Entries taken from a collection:
▬▬▬▬▬▬▬▬▬▬

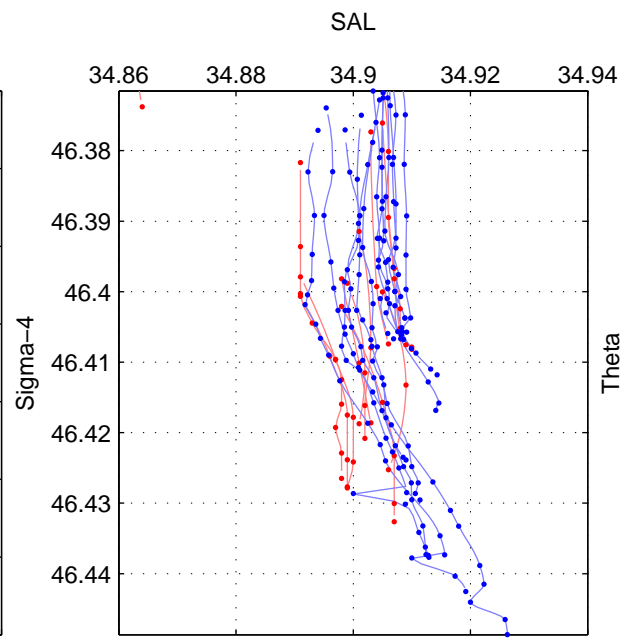

Cruise A (red). Date: Nov 1992 Cruisename: 86-58JH19921105

Cruise B (blue). Date: Aug 1993 Cruisename: 87-58JH19930730

\*\*\* "Favourite" values are means of spaces 1 2 3.

	Offset	O.StDev	Ratio	R.Stdev	Rating
SIGMA:	-0.004	0.004	1.000	0.000	4
THETA:	-0.009	0.006	1.000	0.000	4
DEPTH:	-0.014	0.007	1.000	0.000	4
FAV.:	-0.009	0.006	1.000	0.000	4

Profiles of A: 12  
 Profiles of B: 13  
 Diff profs : 58  
 WMoffset (A-B): -0.0038637  
 WMoffset stdev: 0.0035007  
 WMratio (A/B): 0.99989  
 WMratio stdev: 0.00010029

Quality (1-5): 4

Profiles of A: 12  
 Profiles of B: 13  
 Diff profs : 57  
 WMoffset (A-B): -0.0085965  
 WMoffset stdev: 0.0062895  
 WMratio (A/B): 0.99975  
 WMratio stdev: 0.00018014

Quality (1-5): 4

Profiles of A: 12  
 Profiles of B: 13  
 Diff profs : 58  
 WMoffset (A-B): -0.013974  
 WMoffset stdev: 0.0068142  
 WMratio (A/B): 0.9996  
 WMratio stdev: 0.0001951

Quality (1-5): 4

▬▬▬▬▬▬▬▬▬▬

An exact copy of every record above is required, with all pictures omitted.

◆ ANSWER TO THE EXERCISE:
Cruise A (red). Date: Nov 1992 Cruisename: 86-58JH19921105

Cruise B (blue). Date: Aug 1993 Cruisename: 87-58JH19930730

\*\*\* "Favourite" values are means of spaces 1 2 3.

	Offset	O.StDev	Ratio	R.Stdev	Rating
SIGMA:	-0.004	0.004	1.000	0.000	4
THETA:	-0.009	0.006	1.000	0.000	4
DEPTH:	-0.014	0.007	1.000	0.000	4
FAV.:	-0.009	0.006	1.000	0.000	4

Profiles of A: 12  
 Profiles of B: 13  
 Diff profs : 58  
 WMoffset (A-B): -0.0038637  
 WMoffset stdev: 0.0035007  
 WMratio (A/B): 0.99989  
 WMratio stdev: 0.00010029

Quality (1-5): 4

Profiles of A: 12  
 Profiles of B: 13  
 Diff profs : 57  
 WMoffset (A-B): -0.0085965  
 WMoffset stdev: 0.0062895  
 WMratio (A/B): 0.99975  
 WMratio stdev: 0.00018014

Quality (1-5): 4

Profiles of A: 12  
 Profiles of B: 13  
 Diff profs : 58  
 WMoffset (A-B): -0.013974  
 WMoffset stdev: 0.0068142  
 WMratio (A/B): 0.9996  
 WMratio stdev: 0.0001951

Quality (1-5): 4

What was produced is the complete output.